July 24, 2025
Malaysia’s Consumer Credit Bill 2025: Key Regulatory Shifts and Industry Implications
On 21 July 2025, the Dewan Rakyat passed the Consumer Credit Bill 2025, a legislative milestone that introduces a uniform, risk-based regulatory framework for credit and credit service businesses in Malaysia. At its core, the Bill provides for the creation of a centralised regulatory body, the Consumer Credit Commission (“Commission”), and a phased licensing regime.
Establishment of the Commission
The Commission’s functions include advising the Government on national policy, promoting proper conduct among providers, and supporting the growth of the industry. Under Clause 8, the Commission is empowered to regulate and supervise all matters related to consumer credit, including overseeing providers, imposing penalties, and conducting investigations.
Scope of Regulated Activities
The Bill regulates two main categories: Credit Business (moneylending, pawnbroking, hire purchase, BNPL schemes, leasing, and factoring) and Credit Service Business (debt collection, debt counselling, and the purchase of impaired credit facilities).
Notably, Buy-Now-Pay-Later (BNPL) schemes are explicitly defined and distinguished from traditional moneylending to ensure specific regulatory oversight for fintech-driven models.
Implementation by Phases
- Phase 1: Oversight of currently unregulated providers (e.g., BNPL).

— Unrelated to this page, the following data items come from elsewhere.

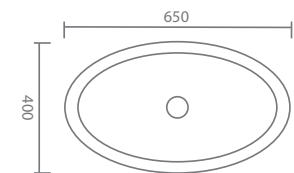

Glass Design Bowls

Alumix Washbowl Black & Silver

GDALB02BS

Alumix Washbowl White & Silver

GDALB05WS

Ares Washbowl Black & Silver

GDARB02BS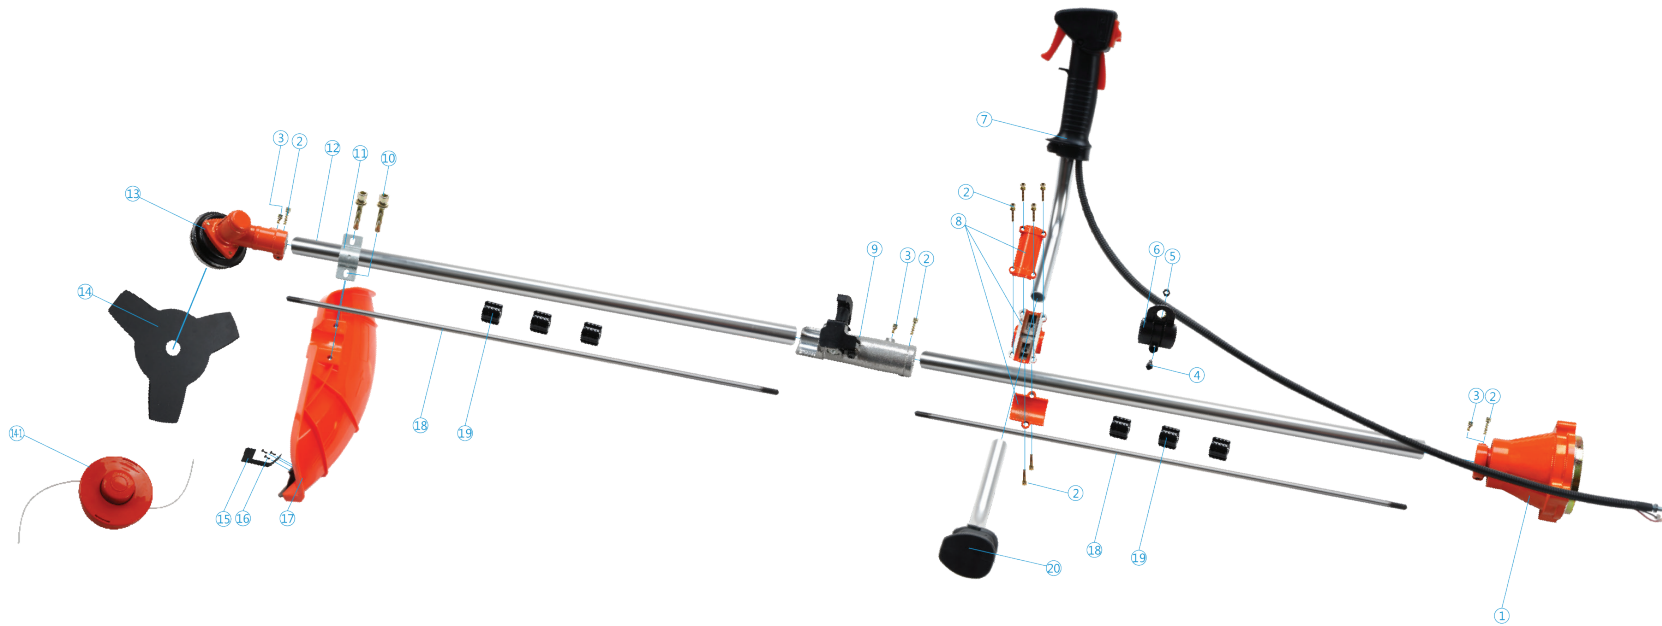

4553

Gasoline Brush Cutter 1350W

CUTTER GROUP EXPLODED VIEW

Number	Name
1	Housing
2	Bolt M5x25
3	Bolt M5x12
4	Bolt M6x25
5	Nut M6
6	Hanger ASSY
7	Right Handle
8	Bracket Assy
9	Swift Joint
10	Bolt M6x35
11	Plate
12	Aluminum Pole
13	Gearbox ASSY
14	3-TEETH Blade
15	Nylon Head
16	Blade
17	Bolt M4x10
18	Debris Guard
19	Driving Shaft
20	Shaft Sleeve
21	Left Handle

- Phase 2 (2028): Transfer of moneylending and pawnbroking from KPKT, and hire purchase from KPDN.
- Phase 3 (2031+): Centralisation of conduct regulation across the industry.
Licensing and Registration
Any person carrying on a credit business must be licensed (Clause 40), requiring them to meet minimum financial thresholds and "fit and proper" criteria for directors and key personnel. Similarly, credit service businesses must register with the Commission, adhering to ongoing transparency and business structure obligations.
Islamic Credit Business
Part VI underscores that all Islamic credit business must comply with Shariah. The Shariah Advisory Council (SAC) plays a central role in determining compliance, ensuring that Shariah principles are embedded in both regulatory oversight and legal adjudication.
Enforcement and Penalties
The Bill establishes a comprehensive enforcement regime. Authorities may issue directives, impose monetary penalties, or mandate restitution to consumers. Falsifying or destroying documents related to operations can result in fines up to RM5 million, five years' imprisonment, or both.
Conclusion
The Consumer Credit Bill 2025 marks a turning point in the governance of Malaysia’s consumer credit market. By consolidating fragmented regimes, it protects individuals and micro-enterprises most exposed to unfair practices while strengthening market integrity.
By Farhah A. Rustam, Partner – Messrs. Shamil Shakil
This article is intended for informational purposes only and does not constitute legal advice.